DAVID A. FABER, Senior District Judge.

Pending before the court is defendant’s motion for summary judgment. (Doc. # 67). Plaintiff has filed a response in opposition to defendant’s motion and the motion is ripe for the court’s review. For reasons expressed more fully below, defendant’s motion is GRANTED.

Background

The basis of this deliberate intent action is a job-related accident which occurred on March 24, 2009. On that day, Russell Aaron Hunt was employed by Brooks Run Mining Company, LLC (“Brooks Run”) as a roof bolter. Hunt was operating a J.H. Fletcher Roof Ranger II roof bolting machine at the War Branch No. I underground mine when a short shank metal wrench came out of the drill chuck and struck him in the head. After his accident, Hunt was transported from the War Branch mine to the Welch Community Hospital around 5:27 P.M. and released from the hospital at 7:30 P.M. Before he was released, Hunt had a CT scan of his head which showed no fracture and was found to be normal. Hunt returned to work the next day and continued to work as a roof bolter operator for Brooks Run until he was found dead in his bed on December 7, 2010. After an autopsy, the Medical Examiner for the State of West Virginia concluded that Hunt “died as a result of a seizure while sleeping; in the setting of a traumatic seizure disorder following a remote head injury at work while employed as a professional coal miner.” Exhibit 1 to Plaintiffs Memorandum in Opposition to Summary Judgement (hereinafter “Plaintiffs Memo”) at 7.

On or about December 7, 2012, Sheena Hunt, as Administratrix of Hunt’s estate, filed this deliberate intent lawsuit in the Circuit Court of McDowell County, West Virginia against defendant Brooks Run. On January 9, 2013, Brooks Run removed the case to this court on the basis of diversity of citizenship. The instant mo[630]*630tion for summary judgment followed. Brooks Run contends that plaintiff cannot satisfy the elements to maintain a deliberate intent lawsuit.

Summary Judgment Standard

Rule 56 of the Federal Rules of Civil Procedure provides:

The judgment sought shall be rendered forthwith if the pleadings, depositions, answers to interrogatories, and admissions on file, together with the affidavits, if any, show that there is no genuine issue as to any material fact and that the moving party is entitled to a judgment as a matter of law.

The moving party has the burden of establishing that there is no genuine issue as to any material fact.

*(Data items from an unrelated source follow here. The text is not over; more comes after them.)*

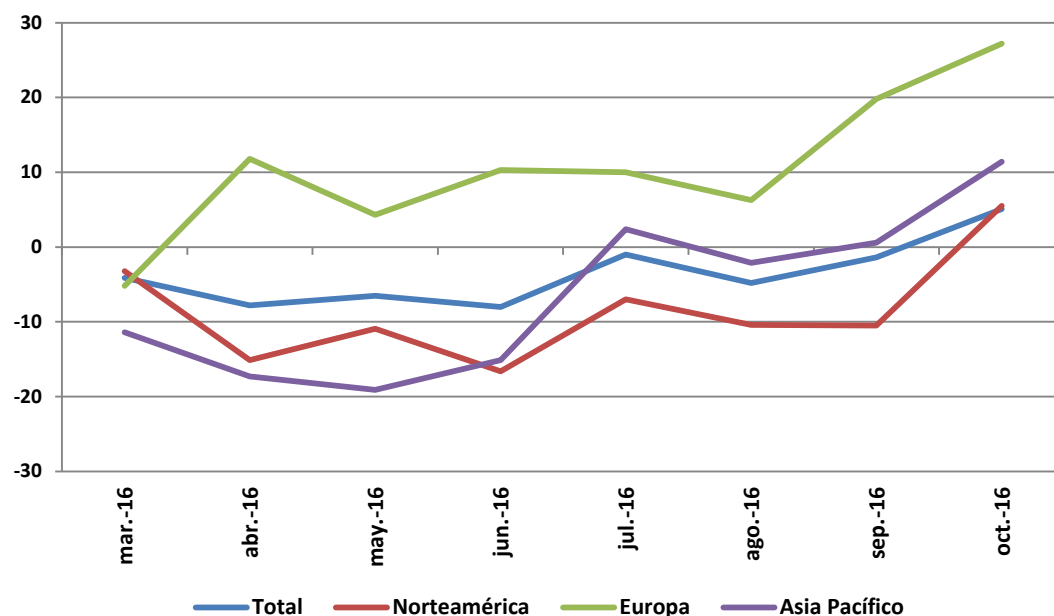

### Carga aérea latinoamericana

Por tipo de operación

Noviembre 2015 - octubre 2016 (En porcentajes de variación interanual)

Fuente: terminalC con datos de ALTA

### Carga aérea latinoamericana

Por regiones de origen-destino

Marzo - octubre 2016 (En porcentajes de variación interanual)

Fuente: terminalC con datos de ALTA
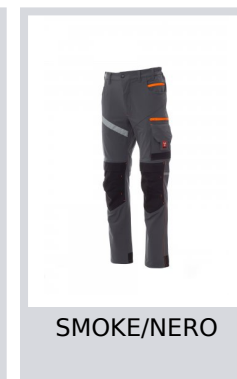

# NEXT 4W

S00019-P007

Pantalone unisex, "4 way stretch", multistagione, con elastici laterali e passanti in vita, chiusura con zip e bottone personalizzato. Sul davanti ha due tasche arrotondate, un taschino porta monete a destra, un taschino di sicurezza chiuso con zip a sinistra. Sul fronte della gamba sinistra presenta 3 tasche: una tasca orizzontale chiusa da una zip, una tasca con patta sagomata chiusa con velcro e dotata di portabadge, una tasca piccola verticale chiusa con zip. Sul fronte della gamba destra è presente una banda retroriflettente. Entrambe le gambe sono dotate di porta ginocchiere in Nylon Oxford 500D con apertura dall'alto. Sul retro sono presenti: una tasca con pattina chiusa con velcro e una tasca senza pattina ma con 2 bande retroriflettenti, un anello porta martello (gamba destra), una tasca aperta porta metro (gamba destra) e una tasca porta-telefono con patta e velcro (gamba destra), inserti retroriflettenti all'altezza del ginocchio (entrambe le gambe), battitacco in tessuto a contrasto (entrambe le gambe). Sono presenti anche impunture laterali e travette di rinforzo a contrasto in vari punti. Le taglie (italiane) centrali 48-50-52 hanno un interno gamba regolare di 82 cm.

**Composizione:** 90% NYLON 10% ELASTAN

**Aspetto:** HIGH TECH NYLON

**Peso:** 260 GR/MQ

**Taglie:** 42-44-46-48-50-52-54-56-58-60-62-64

**Imballo:** 1/20

**MADE IN:** MADE IN CHINA

**HS CODE:** 62034311

## Colori

VERDE/NERO

BLU NAVY/NERO

SMOKE/NERO

ANTRACITE/NERO

NERO/NERO
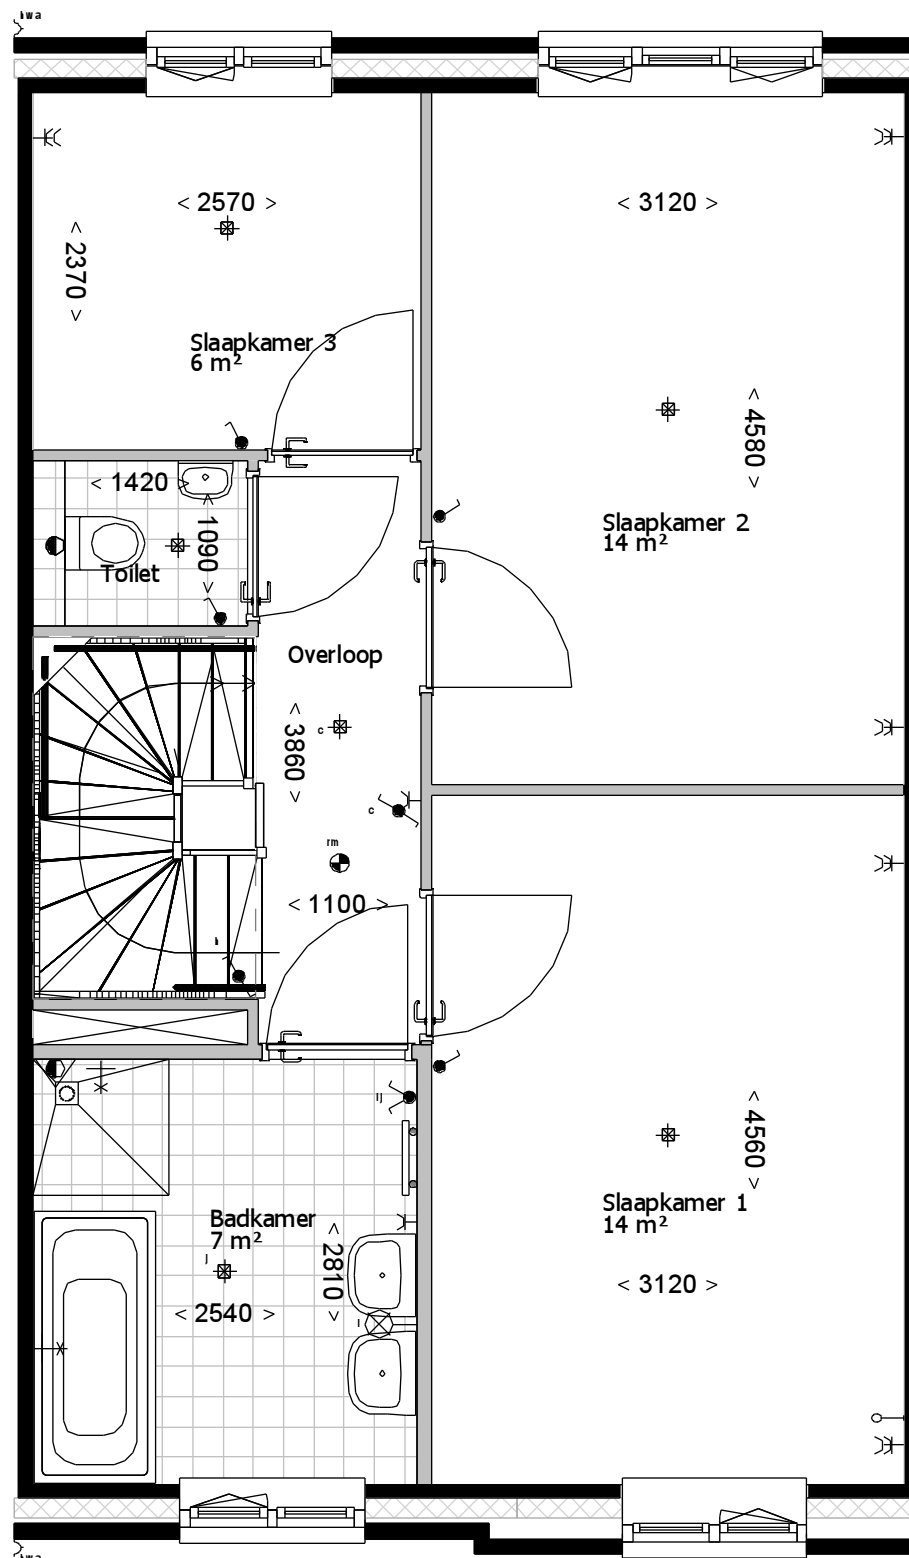

1e verdieping

Bouwnummers: 25
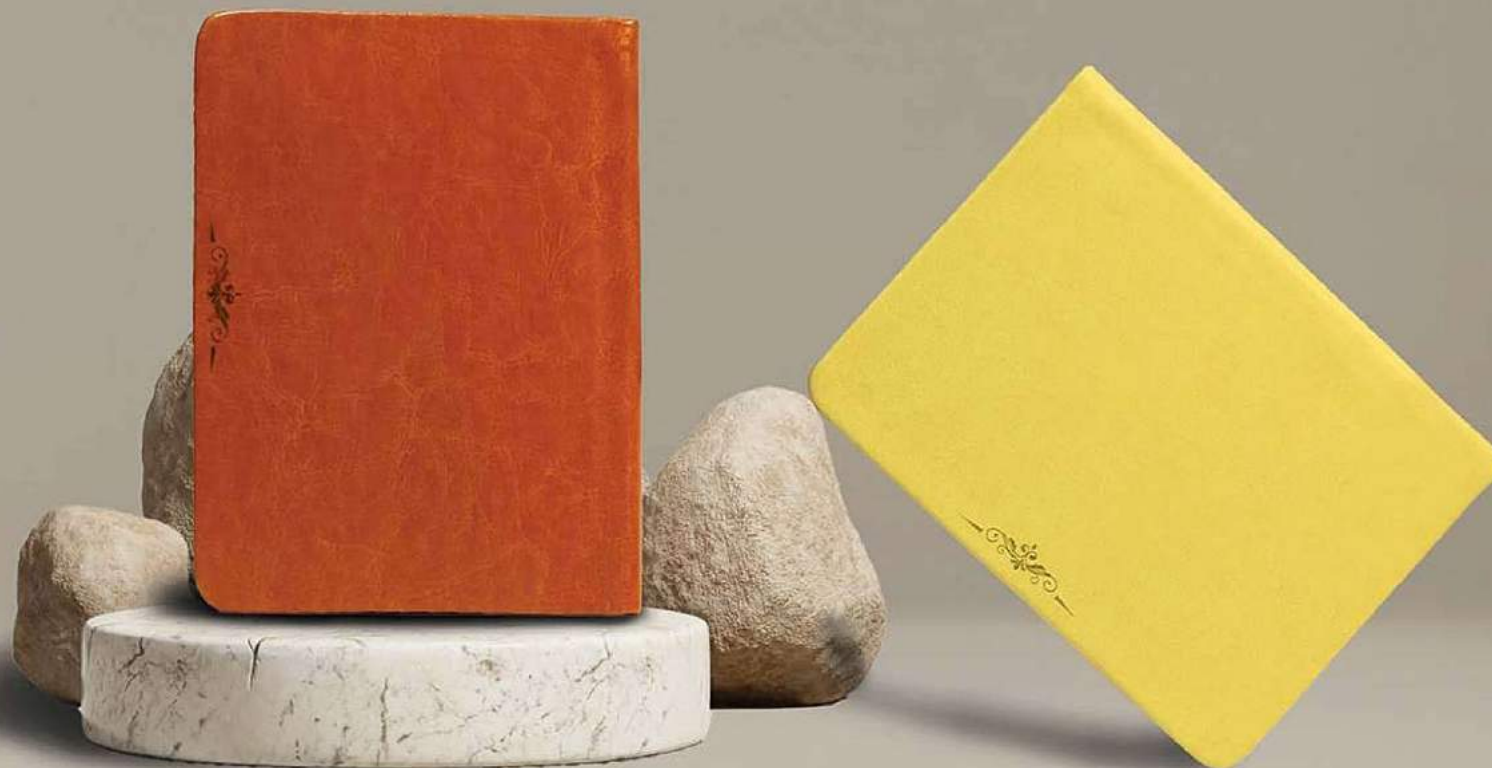

5026

سالنامه یکروزه سایز ربعی (۱۲×۱۶)
کاغذ سفید دوزنگ / جلد چرم پوست هاری
صحافی دوخت / قابلیت چاپ لیزر پلاک
حداکثر فضای چاپ لیزر ۲×۴

5027

سالنامه یکروزه سایز ربعی (۱۲×۱۶)
کاغذ سفید دوزنگ / جلد ترمونفیس /
صحافی دوخت / قابلیت چاپ داغی ،
طلاکوب و لیزر / حداکثر فضای چاپ ۸×۶
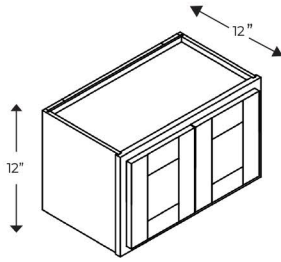

WALL CABINETS

WALL CABINET - 12" high, 2 doors

NAME	SIZE	WT	DOORS
W3012	30w x 12 h x 12d	23 lb	14 $\frac{3}{4}$ x 11 $\frac{5}{8}$
W3312	33w x 12 h x 12d	25 lb	16 $\frac{7}{32}$ x 11 $\frac{5}{8}$
W3612	36w x 12h x 12d	26 lb	17 $\frac{3}{4}$ x 11 $\frac{5}{8}$

WALL CABINET - 15" high, 1 door

NAME	SIZE	WT	DOOR
W1215	12w x 15h x 12d	13 lb	11 $\frac{1}{2}$ x 14 $\frac{1}{2}$
W1515	15w x 15 h x 12d	16 lb	14 $\frac{1}{2}$ x 14 $\frac{1}{2}$
W1815	18w x 15 h x 12d	19 lb	17 $\frac{1}{2}$ x 14 $\frac{1}{2}$
W2115	21w x 15 h x 12d	21 lb	20 $\frac{1}{2}$ x 14 $\frac{1}{2}$
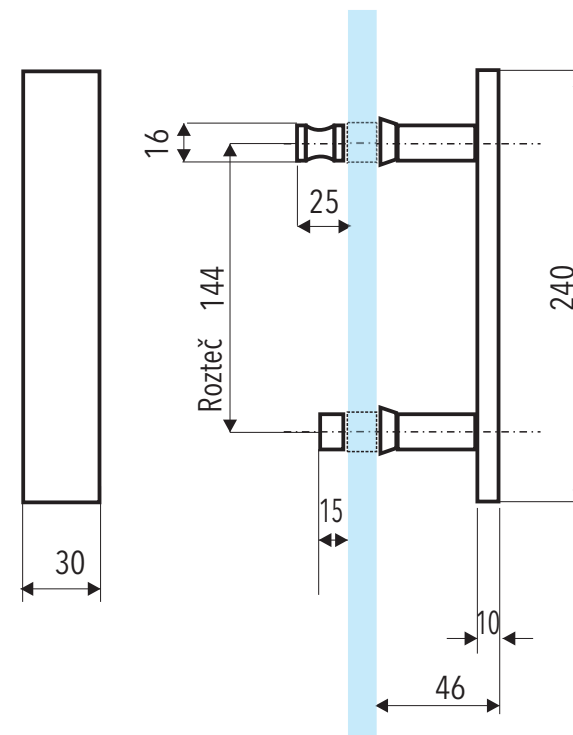

Jednostranné krátke madlo do sklenených dverí sprchových kútov

séria

CRYSTAL

A4,S7

Otvor v skle dverí 2x .

Popis :

- rozmer : dl. 30 x v. 240 x š. 46 mm
- otvor v skle pre madlo : \varnothing 10 mm
- materiál : oceľ
- povrchová úprava madla : lesklý chróm
- prevedenie : UNI Ľ/P

Názov : JEDNOSTRANNÉ KRÁTKE MADLO
CRYSTAL (A4, S7)

Kód :
ND - C - MAD 1

Cena s DPH/ ks :
42,80 €

Celotex Corp. v. Catrett, 477 U.S. 317, 323, 106 S.Ct. 2548, 91 L.Ed.2d 265 (1986). This burden can be met by showing that the nonmoving party has failed to prove an essential element of the nonmoving party’s case for which the nonmoving party will bear the burden of proof at trial. Id. at 322, 106 S.Ct. 2548. If the moving party meets this burden, according to the United States Supreme Court, “there can be ‘no genuine issue as to any material fact,’ since a complete failure of proof concerning an essential element of the nonmoving party’s case necessarily renders all other facts immaterial.” Id. at 323, 106 S.Ct. 2548.

Once the moving party has met this burden, the burden shifts to the nonmov-ing party to produce sufficient evidence for a jury to return a verdict for that party.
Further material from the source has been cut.